The “Social Media Ethics Guidelines” provide 18 standards in rule-and-comment format in five broad areas. For example:
• Gathering evidence. Lawyers may try to locate impeachment material by looking at the public portion of an individual's social media accounts--even if that person is represented by counsel in the matter--but the lawyer cannot review any restricted portion of a represented person's social media site without an express authorization from the person's counsel.
• Advising clients about their social media accounts. Attorneys may advise clients to “take down” social media information or shift it to private areas, so long as the change would not violate any decisions, statutes or rules on spoliation of evidence. However, material subject to a duty to preserve may not be deleted unless an “appropriate record” of the information is maintained.
• Reviewing jurors' profiles and posts.

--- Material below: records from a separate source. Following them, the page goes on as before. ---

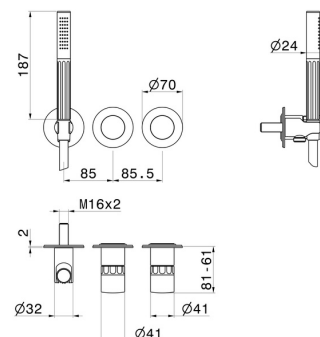

IONIKA SUPREME

72969E.59.098

Gruppo doccia da incasso completo di doccetta e deviatore a 2 uscite - finitura PVD Brushed Pale Gold

Parte esterna

PVD Brushed Pale Gold

CARATTERISTICHE

Materiale	Ottone/Marmo
Tecnologia	Save Water
Installazione	Incasso a parete
Tipo di foro	3 fori
Uscite	2 Uscite
Miscelazione dell' acqua	Meccanica
Necessari per l'installazione	<u>31086.00.000</u>

DISEGNO TECNICO

IONIKA SUPREME

72969E.59.098

Gruppo doccia da incasso completo di doccetta e deviatore a 2 uscite - finitura PVD Brushed Pale Gold

FINITURE DISPONIBILI

59.098

PVD Brushed Pale Gold

01.014

finitura Bianco opaco

01.093

finitura Nero opaco

21.018

finitura Cromo

59.064

finitura PVD Brushed Gun Metal

59.066
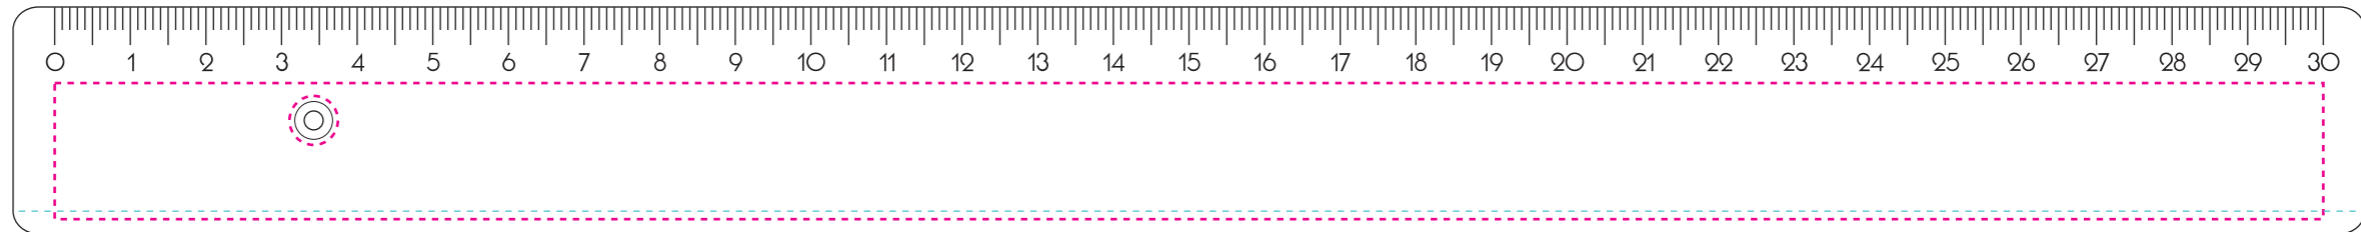

## Art.Nr. 7020

300 x 18 mm

Max. Druckfläche

Max. print area

Max. drukoppervlakte

Surface d'impression

Superficie máxima de impresión

Max. misura stampa

### Tuschkante

Rückseitige Tuschkante ist bei transparenten Linealen auf der Vorderseite sichtbar!  
For the transparent rulers the edge on the backside will be visible also on the front side!  
Concernant la règle en transparente, le barème du recto est visible sur le verso!  
Bisel trasero de las reglas transparentes visible desde delante!

## Art.Nr. 7020

310 x 30 mm

Max. Druckfläche

Max. print area

Max. drukoppervlakte

Surface d'impression

Superficie máxima de impresión

Max. misura stampa
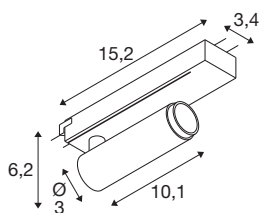

GRIP! S

1~ spot, cilindrisch, 2700K, 11W, PHASE, 29°, brons/zwart

GRIP! is de nieuwe decoratieve spot van SLV, die perfect past bij de actuele design trends. De elegante blikvanger in maat S en de allrounder in maat M met geïntegreerde led en antiverblindingsreflector zijn verkrijgbaar voor het 1-fase-, 3-fase- en 48V-railsysteem. U kunt kiezen uit verschillende bedieningsopties, lichtkleurvarianten en Dim-to-Warm-spots. De GRIP zijn visueel overtuigend! Hun moderne kleurencombinaties en de afzonderlijk, in vier kleuren verkrijgbare decoringen maken het mogelijk de spots op maat te maken.

TECHNISCHE SPECIFICATIES

Art.nr.	1008393
Aantal verschillende lichtopeningen	1
IP-code	IP20
Slagvastheidsklasse	IK 02
Slagvastheid	0.2 Joule
Montage	Opbouw
Dimbaar	Ja
Dimtechniek	Fase-aansnijding, Fase-afsnijding
Primaire nominale spanning	220-240V ~50/60 Hz
Secundaire stroom / spanning	250 mA
Veiligheidsklasse	II
Wattage	11 W
minimale omgevingstemperatuur	0 °C
maximale omgevingstemperatuur	35 °C
Aantal armaturen bij LS B16A	44
Aantal armaturen bij LS C16A	89
Niveau van inschakelstroom	25 A
Duur van inschakelstroom	100 µs
Lumen	530 lm
Lichtkleurtemperatuur	2700 Kelvin
Kleur	brons/zwart
CRI	90

UGR ≤	25
Levensduur	50000 h
Risk Group	1
Lengte	15.2 cm
Breedte	3.4 cm
Hoogte	6 cm
Nettogewicht	0.18 kg
Brutogewicht	0.22 kg

Accessoires

1008489	GRIP! S , decoring, zwart
1008488	GRIP! S , decoring, wit
1008490	GRIP! S , decoring, nikkel
1008491	GRIP! S , decoring, goud
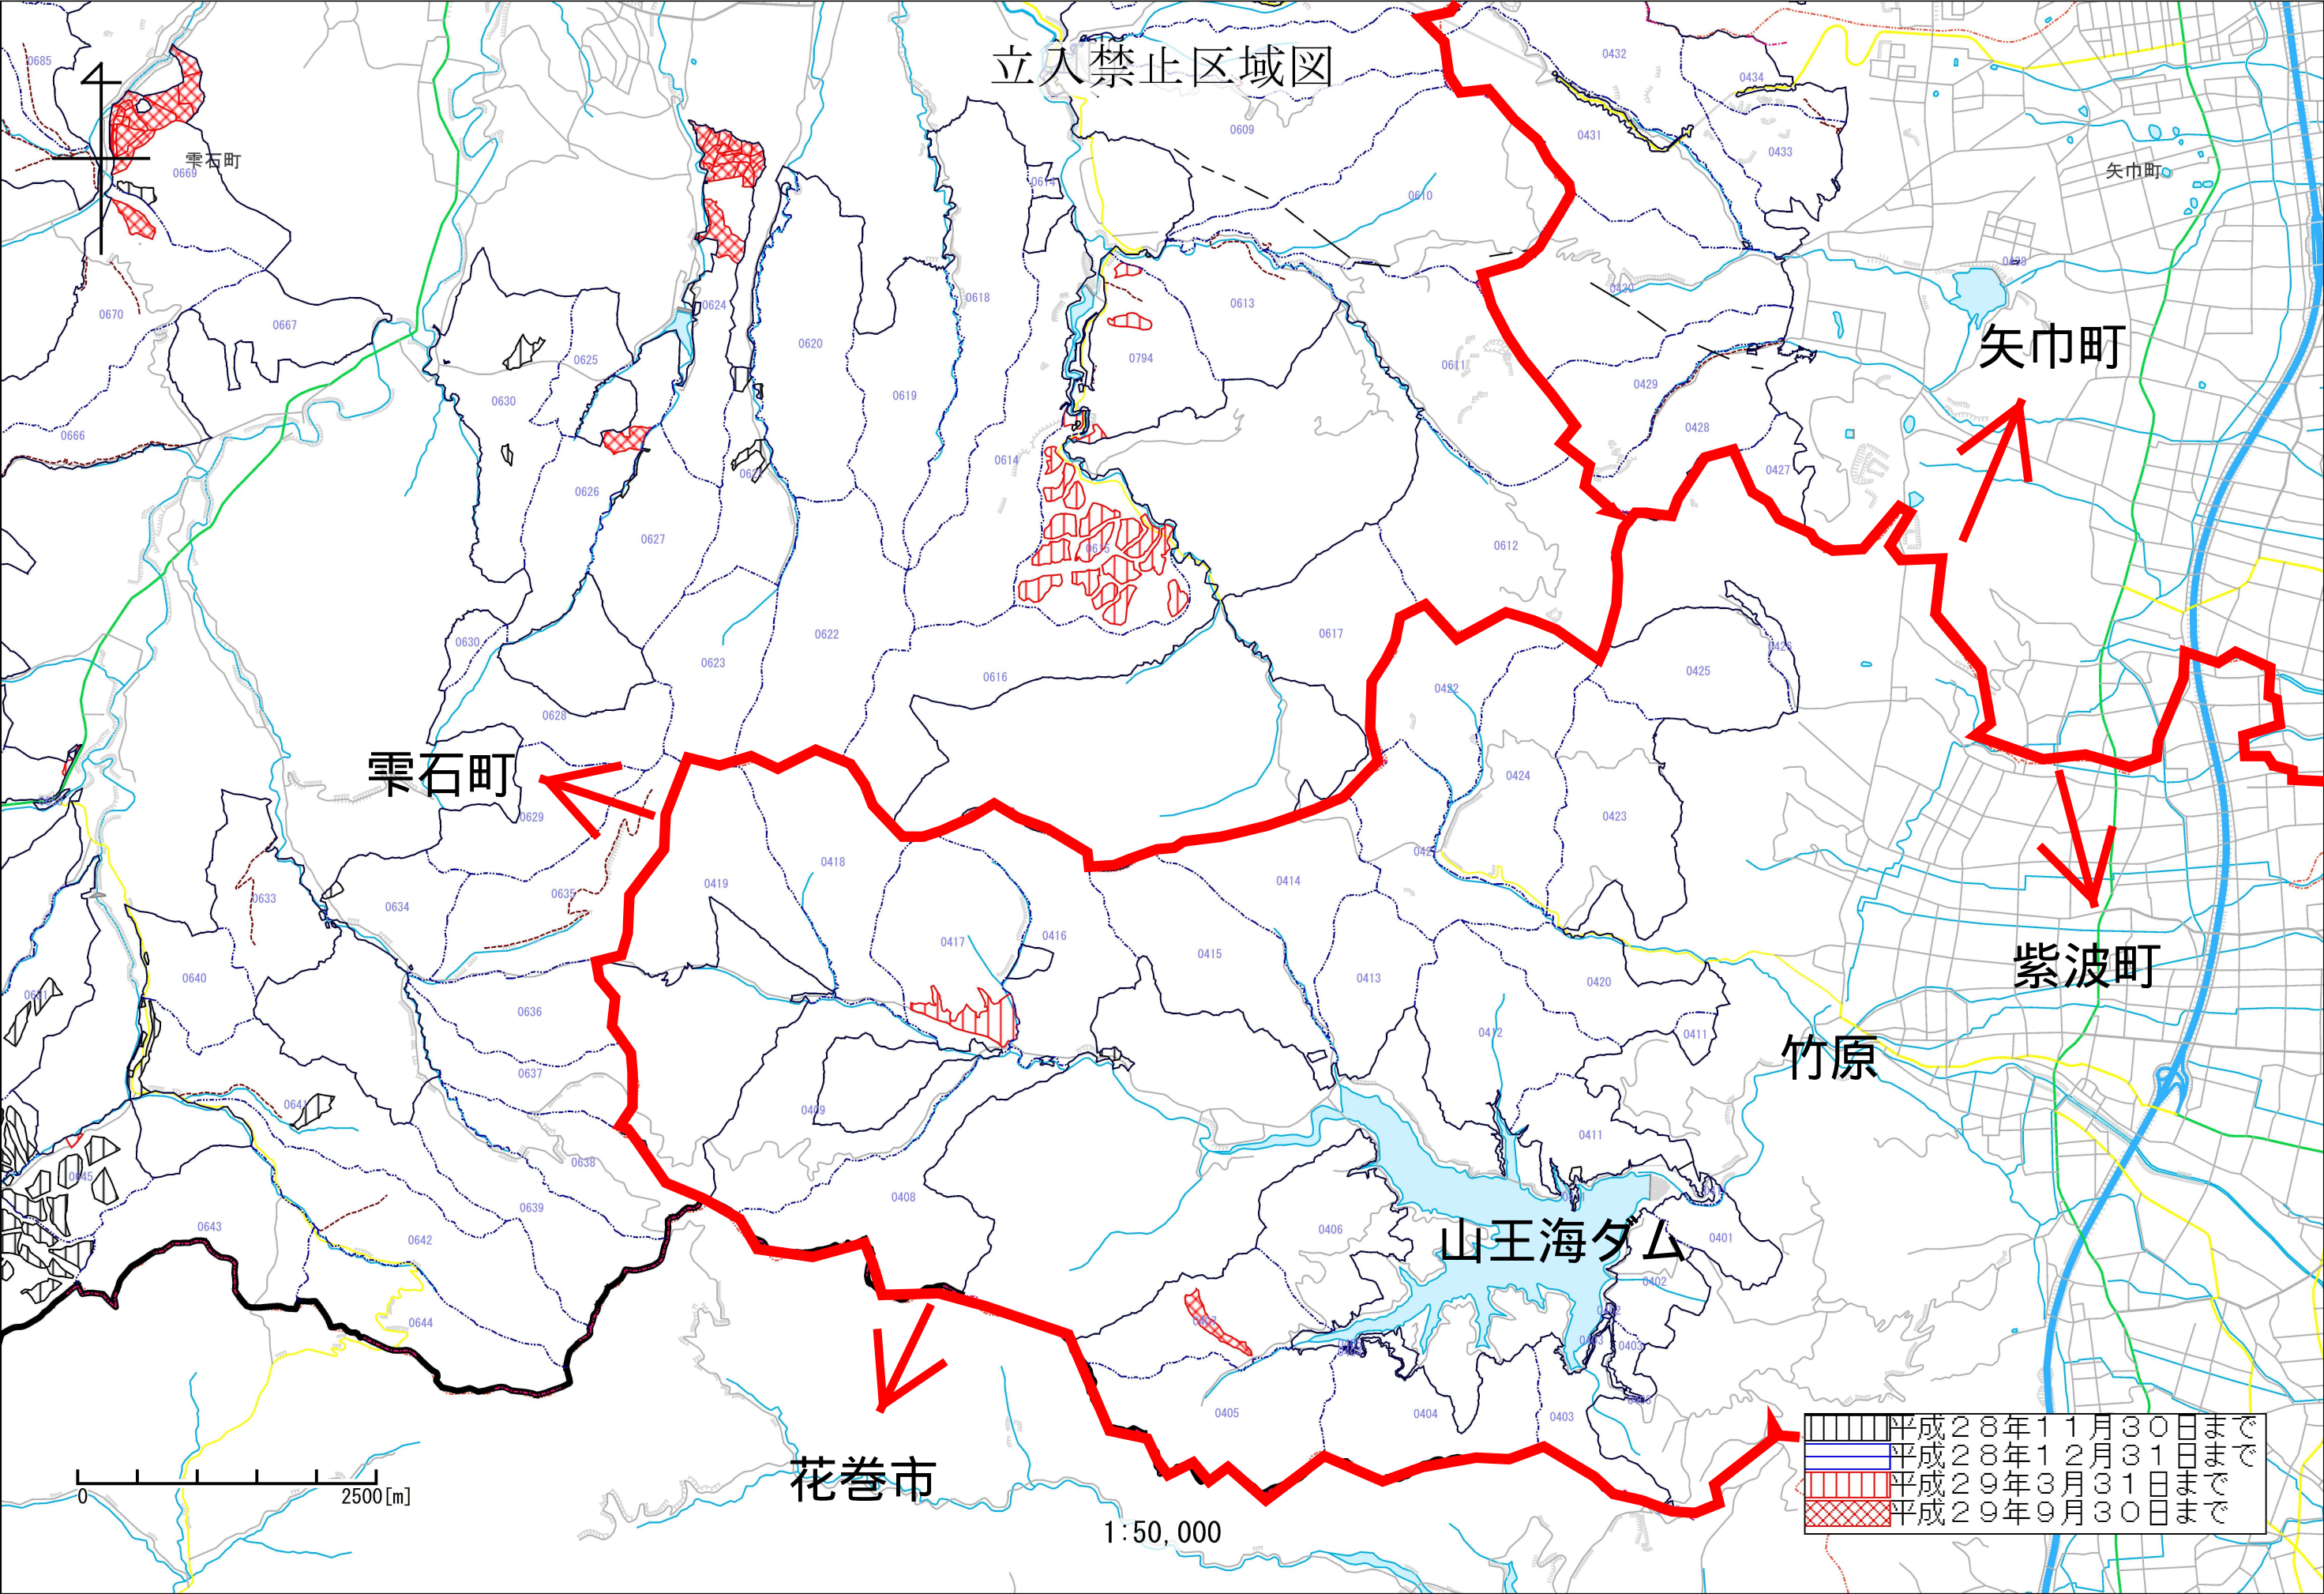

立入禁止区域図

	平成28年11月30日まで
	平成28年12月31日まで
	平成29年3月31日まで
	平成29年9月30日まで

栗石町

矢巾町

紫波町

竹原

山王海ダム

花巻市

1:50,000

0 2500[m]

立入禁止区域図

区界駅

盛岡市

宮古市

荒田

砂子沢

紫波町

峠

鍋沢

杉町

花巻市

0 2500[m]

1:50,000

	平成28年11月30日まで
	平成28年12月31日まで
	平成29年3月31日まで
	平成29年9月30日まで

Although a lawyer may view a juror's public social media information, there must be no communication with the juror, even if the contact is automatically generated by the social media network.
• Advertising. Lawyers' social media profiles must not list their practice areas under “specialist” headings, unless they are properly certified in those areas.
• Posting advice. A lawyer may give general answers to legal questions others ask on social media, but should avoid furnishing specific legal advice.
According to the introduction, the guidelines “are merely that, and are not 'best practices,'” and are intended “to assist lawyers in understanding the ethical challenges of social media.”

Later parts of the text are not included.